What needs to be done
Copy each line of the data below exactly, leaving out pictures.
───── The data ─────
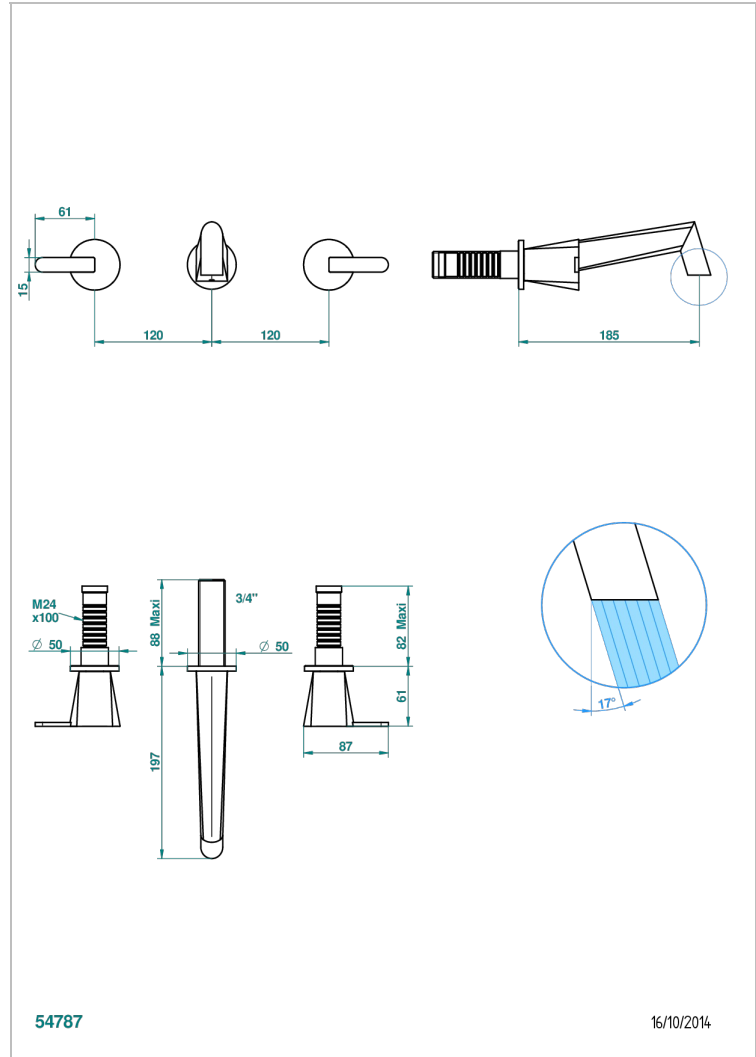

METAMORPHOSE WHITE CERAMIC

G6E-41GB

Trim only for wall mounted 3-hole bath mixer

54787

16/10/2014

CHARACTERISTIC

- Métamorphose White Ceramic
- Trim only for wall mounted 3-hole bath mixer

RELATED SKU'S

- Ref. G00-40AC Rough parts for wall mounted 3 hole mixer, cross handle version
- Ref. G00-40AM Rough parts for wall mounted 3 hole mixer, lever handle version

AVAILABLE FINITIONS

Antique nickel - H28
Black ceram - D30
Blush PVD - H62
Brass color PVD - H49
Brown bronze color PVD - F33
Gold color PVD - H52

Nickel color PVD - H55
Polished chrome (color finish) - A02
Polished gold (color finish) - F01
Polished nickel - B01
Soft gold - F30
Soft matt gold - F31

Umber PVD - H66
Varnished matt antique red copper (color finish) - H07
─────
Answer box
METAMORPHOSE WHITE CERAMIC

G6E-41GB

Trim only for wall mounted 3-hole bath mixer

54787

16/10/2014

CHARACTERISTIC

- Métamorphose White Ceramic
- Trim only for wall mounted 3-hole bath mixer

RELATED SKU'S

- Ref. G00-40AC Rough parts for wall mounted 3 hole mixer, cross handle version
- Ref. G00-40AM Rough parts for wall mounted 3 hole mixer, lever handle version

AVAILABLE FINITIONS

Antique nickel - H28
Black ceram - D30
Blush PVD - H62
Brass color PVD - H49
Brown bronze color PVD - F33
Gold color PVD - H52

Nickel color PVD - H55
Polished chrome (color finish) - A02
Polished gold (color finish) - F01
Polished nickel - B01
Soft gold - F30
Soft matt gold - F31

Umber PVD - H66
Varnished matt antique red copper (color finish) - H07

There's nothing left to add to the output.